To Sheffield and Warsaw

As a representative of the Slav Committee, I attended the 1950 World Peace Congress, which was supposed to be held in Sheffield, England, but was quickly shifted to Warsaw when the British government refused visas to most of the delegates from the Communist-controlled countries. In Warsaw, a large printing plant that was being built was quickly converted into an assembly hall to accommodate the congress. Other delegates from Canada included Joe Zuken, the Communist school trustee from Winnipeg, Misha Korol from the AUUC, and Karl Kettola from the Finnish organization. After the congress I made a quick tour of Poland. It was right after the war, so much of the country was in ruins, especially Warsaw. Then I was invited by the Slav Committee in Moscow to make my first visit to the Soviet Union. This included a tour of several areas, including Ukraine. I also traveled to Bulgaria and Czechoslovakia, where I acquired a variety of folk art and musical records for an eventual exhibit.

A trip to China

In 1952, again as a representative of the Slav Committee, I attended the Peace Congress of the Pacific Rim countries, which was held in Peking. At that time the leaders of the Canadian Peace Congress included James Endicott and his wife, Mary, Bruce Mickleburgh, Mary Jennison, and Ray and Kay Gardener. (Ray was an executive editor on the Toronto Daily Star and Kay was a Ukrainian girl, originally from Edmonton, and is currently a member of the Toronto City Council).
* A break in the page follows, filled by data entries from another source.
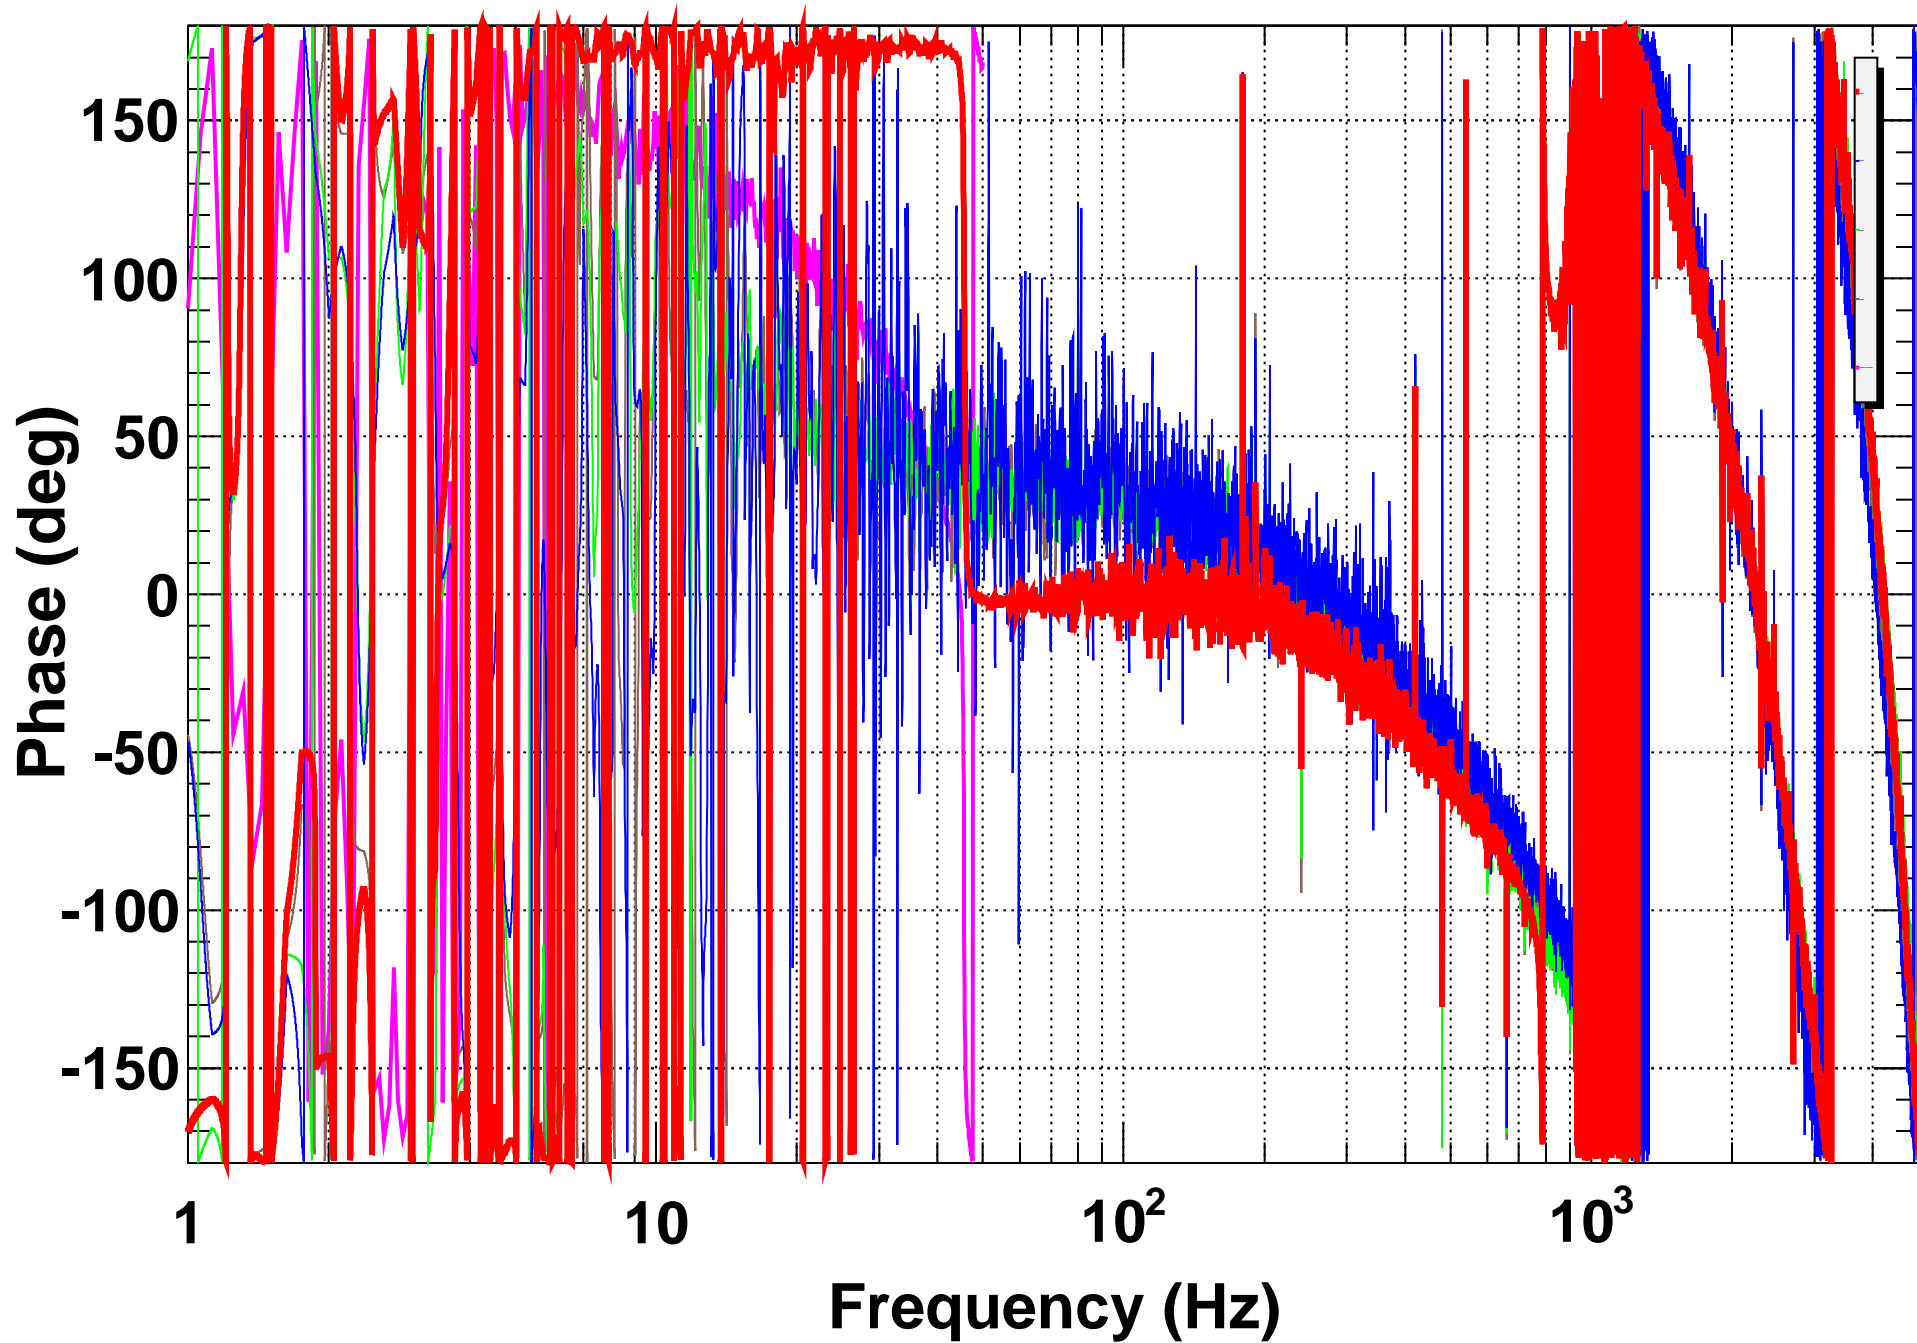

Transfer function

***T0=01/08/2014 03:05:34**

***Avg=10/Bin=4L**

***BW=0.187493**

Transfer function

*T0=01/08/2014 03:05:34

*Avg=10/Bin=4L

*BW=0.187493

Coherence

***T0=01/08/2014 03:05:34**

***Avg=10/Bin=4L**

***BW=0.187493**
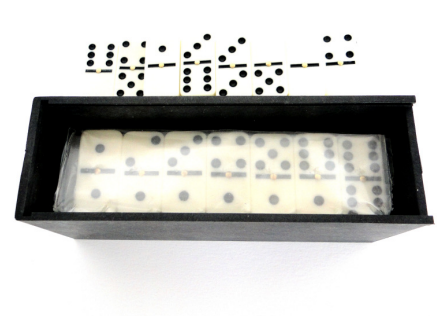

Dòmimo clàssic

+ 4 anys

Amb caixa de plàstic. Fitxes plàstic.
20261 4,01 4,85
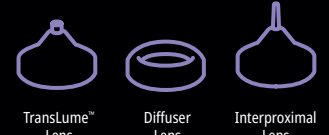

WISSELEN TUSSEN STANDEN

UITHARDINGSSTANDEN: Beweeg de VALO X-polymerisatielamp naar voren met een polsbeweging om toegang te krijgen tot de uithardingsstanden en er tussen te wisselen.

DIAGNOSTISCHE LICHTSTANDEN: Beweeg de VALO X-polymerisatielamp naar opzij met een polsbeweging om toegang te krijgen tot de diagnostische lichtstanden en er tussen te wisselen.

LENSACCESSOIRES

TWEE UITHARDINGSLENZEN

5889

5890

DRIE DIAGNOSTISCHE LENZEN

5891

5892

5893
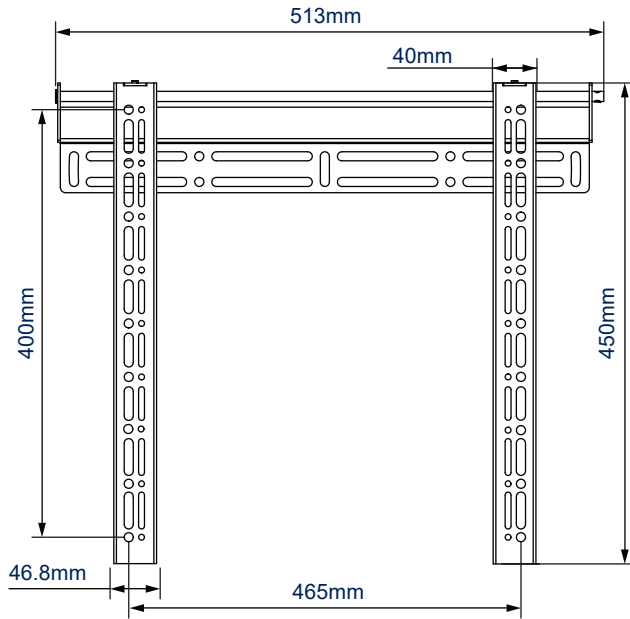

VISTA FRONTAL
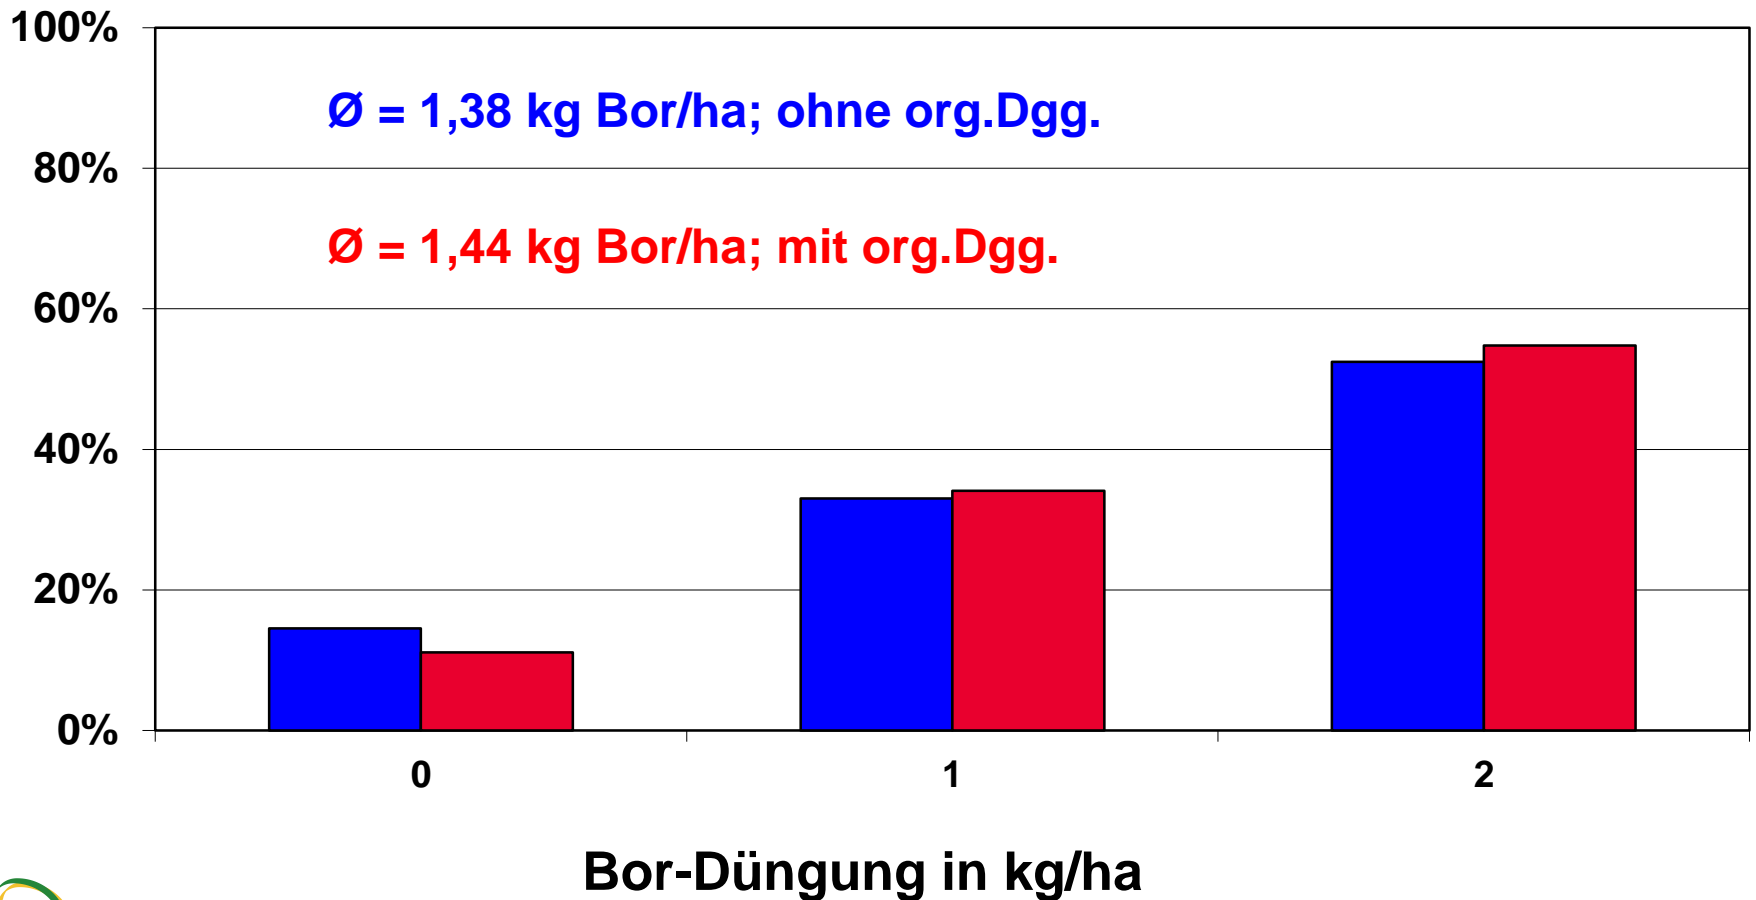

EUF-Bor-Empfehlung

ZR-Anbau 2015; Werk Ochsenfurt;

Our Canadian delegation of 12 was quite mixed. It included the Endicotts and the Gardners, Ted Baxter, who represented a religious group, Eva Sanderson, a CCF activist, Ethel Nielsen, a retired music teacher, and Gerard Filion, who was then the publisher of Le Devoir in Quebec. He subsequently, became president of the Canadian Manufacturers' Association, and later was also involved in a dredging scandal in Toronto and Montreal. We traveled from Moscow across Siberia to China. This was still in the days of propeller planes, not jets, and we had to make four overnight stops across Siberia — in Omsk, Khabarovsk, Irkutsk on Lake Baikal, and in Ulan Bator, the capital of Outer Mongolia, before landing in what was then called Peking. While stopping in each of the Siberian cities, we were struck by the terrible poverty and inferior service. Mind you, this was not long after the war, so some of it was understandable, but a lot of it wasn't, especially the bureaucracy and the cavalier attitude to people.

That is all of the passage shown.